TASK REQUIREMENTS:
Every line in the listing below that holds the word "INCLUDED" should be returned.

DATASET RECORDS:
************
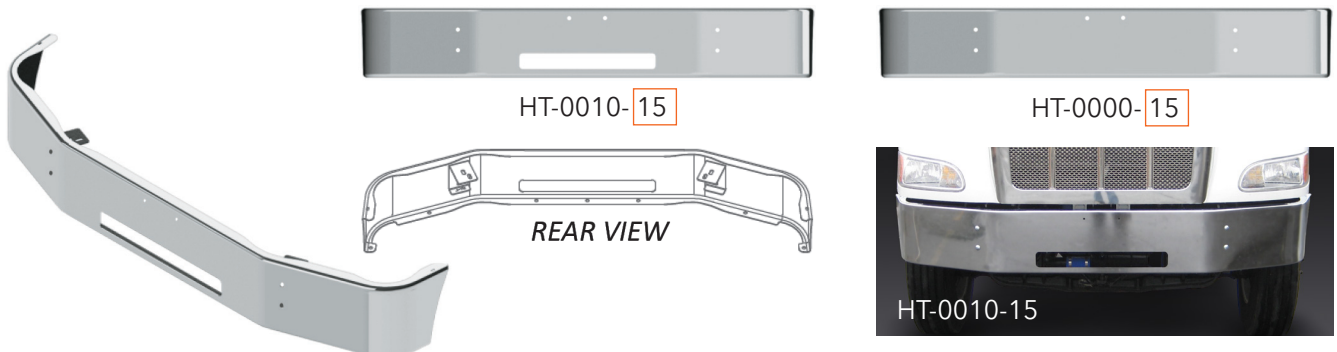

HT

330, 335, 337, 340, 348 SET BACK AXLE YEARS 2006-2014

12K/14K RATED FRONT AXLE

MOUNTING BRACKETS INCLUDED

CHECK 'HOC' SERIES PRIOR TO ORDERING. ONE SET LICENSE PLATE HOLES INCLUDED.
************
TASK ANSWER:
MOUNTING BRACKETS INCLUDED
CHECK 'HOC' SERIES PRIOR TO ORDERING. ONE SET LICENSE PLATE HOLES INCLUDED.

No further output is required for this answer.